Была ли в тот день вода у Арье Йосефа? Конечно — в отличие от меня, он точно знал, что такое прогулка в хамсин, и не вышел бы из дому без фляги. Но кроме фляги он взял с собой еще кое-что — пистолет. Зачем пистолет человеку, который идет сдаваться? Сдаваясь, люди бросают оружие на землю, а не засовывают за пояс. И все-таки Арье Йосеф шел именно сдаваться — ведь для него вторичный возврат в Россию означал не что иное, как последнее и окончательное поражение.

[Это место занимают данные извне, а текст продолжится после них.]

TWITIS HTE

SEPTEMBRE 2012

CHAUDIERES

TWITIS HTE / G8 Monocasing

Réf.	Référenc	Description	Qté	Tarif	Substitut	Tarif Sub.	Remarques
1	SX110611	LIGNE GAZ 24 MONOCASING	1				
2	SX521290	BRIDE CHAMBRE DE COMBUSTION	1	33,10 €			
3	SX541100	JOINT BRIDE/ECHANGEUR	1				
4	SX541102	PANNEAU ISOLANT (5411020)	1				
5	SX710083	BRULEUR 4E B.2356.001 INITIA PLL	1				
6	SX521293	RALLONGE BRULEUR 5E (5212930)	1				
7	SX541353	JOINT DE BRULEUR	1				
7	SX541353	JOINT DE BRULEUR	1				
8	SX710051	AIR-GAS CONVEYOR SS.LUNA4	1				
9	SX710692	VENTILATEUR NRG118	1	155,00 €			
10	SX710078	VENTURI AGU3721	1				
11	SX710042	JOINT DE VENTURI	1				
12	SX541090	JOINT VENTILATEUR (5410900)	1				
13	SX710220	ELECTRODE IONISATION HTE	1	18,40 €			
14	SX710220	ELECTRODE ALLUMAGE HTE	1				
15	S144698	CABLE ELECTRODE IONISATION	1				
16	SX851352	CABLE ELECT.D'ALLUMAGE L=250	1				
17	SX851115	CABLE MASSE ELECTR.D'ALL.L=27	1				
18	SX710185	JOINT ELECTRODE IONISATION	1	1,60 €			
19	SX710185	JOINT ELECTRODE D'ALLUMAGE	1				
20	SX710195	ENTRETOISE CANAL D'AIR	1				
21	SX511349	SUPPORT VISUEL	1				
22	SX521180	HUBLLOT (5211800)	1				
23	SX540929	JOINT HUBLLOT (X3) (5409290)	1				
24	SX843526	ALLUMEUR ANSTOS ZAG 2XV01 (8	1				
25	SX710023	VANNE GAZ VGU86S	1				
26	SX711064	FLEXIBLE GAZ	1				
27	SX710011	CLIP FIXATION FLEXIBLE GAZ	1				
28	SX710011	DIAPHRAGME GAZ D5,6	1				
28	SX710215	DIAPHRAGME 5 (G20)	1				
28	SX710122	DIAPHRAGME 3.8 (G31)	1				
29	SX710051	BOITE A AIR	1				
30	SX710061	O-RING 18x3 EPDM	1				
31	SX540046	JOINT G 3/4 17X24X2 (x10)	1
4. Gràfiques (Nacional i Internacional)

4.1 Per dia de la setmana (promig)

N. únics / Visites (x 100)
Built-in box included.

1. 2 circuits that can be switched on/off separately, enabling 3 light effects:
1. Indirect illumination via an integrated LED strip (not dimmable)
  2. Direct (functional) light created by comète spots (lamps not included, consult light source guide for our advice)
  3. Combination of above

Как это сказала Ольга? — «он привез свой подвал с собой». Это так, причем дьявольская ирония ситуации заключалась в том, что Арье Йосефа подвела как раз самая сильная его сторона — язык. Язык — умение провести точный анализ, выразить себя в речи, составить текст — устный ли, письменный — все равно. Как человек, как осознавший себя заложник, Леонид Йозефович был в конечном счете текстом. Но увы — русским текстом. Чтобы начать заново, он должен был не только стать Арье Йосефом, не только создать новый текст, но еще и сделать это на другом, новом для него языке.

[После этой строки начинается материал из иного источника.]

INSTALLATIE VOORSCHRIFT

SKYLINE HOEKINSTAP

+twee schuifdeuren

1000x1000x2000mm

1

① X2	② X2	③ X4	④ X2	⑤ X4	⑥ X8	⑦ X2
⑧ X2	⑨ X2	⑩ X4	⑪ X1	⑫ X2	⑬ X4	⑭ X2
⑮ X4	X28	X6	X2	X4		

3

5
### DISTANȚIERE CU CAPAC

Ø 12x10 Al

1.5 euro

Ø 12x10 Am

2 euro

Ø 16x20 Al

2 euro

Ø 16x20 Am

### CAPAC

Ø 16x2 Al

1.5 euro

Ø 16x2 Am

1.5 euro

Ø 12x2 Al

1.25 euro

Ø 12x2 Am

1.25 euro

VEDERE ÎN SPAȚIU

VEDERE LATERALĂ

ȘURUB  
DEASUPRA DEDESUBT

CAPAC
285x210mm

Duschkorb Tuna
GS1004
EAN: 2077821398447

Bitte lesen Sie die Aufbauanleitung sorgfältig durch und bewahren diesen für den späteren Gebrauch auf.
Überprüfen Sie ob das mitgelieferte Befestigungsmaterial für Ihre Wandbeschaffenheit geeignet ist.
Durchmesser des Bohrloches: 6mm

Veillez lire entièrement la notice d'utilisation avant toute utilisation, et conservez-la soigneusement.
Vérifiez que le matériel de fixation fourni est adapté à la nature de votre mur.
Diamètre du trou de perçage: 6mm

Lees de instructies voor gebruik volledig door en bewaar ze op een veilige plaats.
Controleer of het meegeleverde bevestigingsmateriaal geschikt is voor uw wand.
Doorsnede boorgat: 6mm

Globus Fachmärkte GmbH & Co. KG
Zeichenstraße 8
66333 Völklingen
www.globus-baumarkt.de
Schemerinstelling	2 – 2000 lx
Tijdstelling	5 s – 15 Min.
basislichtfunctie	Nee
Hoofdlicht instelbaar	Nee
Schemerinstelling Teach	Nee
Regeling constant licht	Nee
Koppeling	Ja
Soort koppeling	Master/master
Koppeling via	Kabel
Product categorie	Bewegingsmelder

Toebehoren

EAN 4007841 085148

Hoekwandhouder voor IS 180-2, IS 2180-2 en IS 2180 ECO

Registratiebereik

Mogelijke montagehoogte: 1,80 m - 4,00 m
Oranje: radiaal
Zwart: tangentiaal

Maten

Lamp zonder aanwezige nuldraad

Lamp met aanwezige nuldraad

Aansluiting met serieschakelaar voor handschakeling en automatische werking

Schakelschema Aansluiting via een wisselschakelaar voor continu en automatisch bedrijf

Нельзя сказать, что Арье Йосеф не пытался. Судя по количеству словарей и учебников в его комнате, он из кожи лез вон, чтобы научиться. Месяц за месяцем, год за годом. Отчего же так вышло, что дьявол посмеялся именно над ним? Нет-нет, это неверный вопрос — в конце концов, я ищу тут вовсе не дьявола — какое мне дело до его лукавых мотивов? Правильнее спросить: зачем вообще Арье Йосеф пришел к Эфи Липштейну — тогда, в первый раз? Ведь по сути это уже представляло собой капитуляцию, признание неспособности сотворить новый текст. Признание того печального факта, что по-настоящему он пригоден к чему-либо только там — в подвале, из которого вырвался совсем недавно — с сердцем, полным радости и надежд.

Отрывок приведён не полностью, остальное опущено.